Foreign diplomats are skeptical of the
explanation given by the six-member independent panel
for the disproportionate use of force on April 28. But
the message is going down well with the Muslim minority
in this predominantly Buddhist nation.
"The
government is on the right track. It will help lessen
the tension in the south," said Niti Hassan, president
of the Council of Muslim Organizations of Thailand. Some
Malay-Muslims say the violence is partly due to the
government's lack of sensitivity to their culture, and
they point to government measures such as the closing of
Islamic boarding schools as evidence of this. So Muslims
needed to hear the panel's message, particularly after
many witnessed the attack on the mosque, said Arong
Suthansana, chairman of the Institute of Islamic World
Studies, a Bangkok-based independent research center.

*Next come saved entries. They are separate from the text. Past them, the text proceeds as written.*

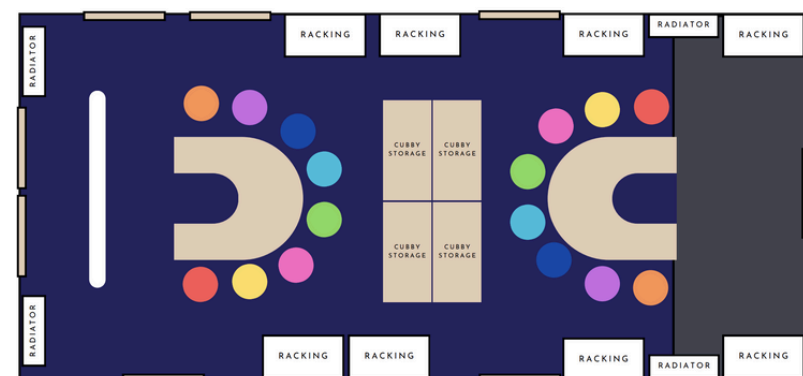

Does the company you work for offer charity donations?

If you are interested or know any other companies, please email us.

pta@woodleatlt.co.uk

FUNDRAISING

What are we raising money for?

Junior Block

The school are looking to maximise all available areas and the entrance of the junior block is being re-purposed to offer an extra learning space.

Meanwhile, the government of Prime Minister
Thaksin Shinawatra is also receiving bouquets for
offering to compensate the families of the 32 Muslim
militants who were killed when the heavily armed Thai
security forces stormed the Krue Se Mosque.
"Compensating the families will show that the
government is concerned about what happened," said
Ismail Ali, director of the College of Islamic Studies
at Prince of Songkhla University in Pattani.
The
killings at the mosque were part of a bloody showdown
that occurred on the morning of April 28, the worst day
of violence since fighting erupted in the country's
southern provinces on January 4. In all, 107 Muslim
assailants were killed that day when scores of young
Muslim men, armed mostly with knives and machetes but
some with guns, raided 10 police stations and security
checkpoints in the southern provinces of Yala, Songkhla
and Pattani. Only five members of the government's
forces died in the fighting.
Over the past seven
months the violence has continued unabated. Assailants
have continued attacking police, soldiers, Buddhist
monks, teachers and government officials, resulting in
more than 250 deaths. Attackers have also torched
schools and bombed restaurants and government buildings.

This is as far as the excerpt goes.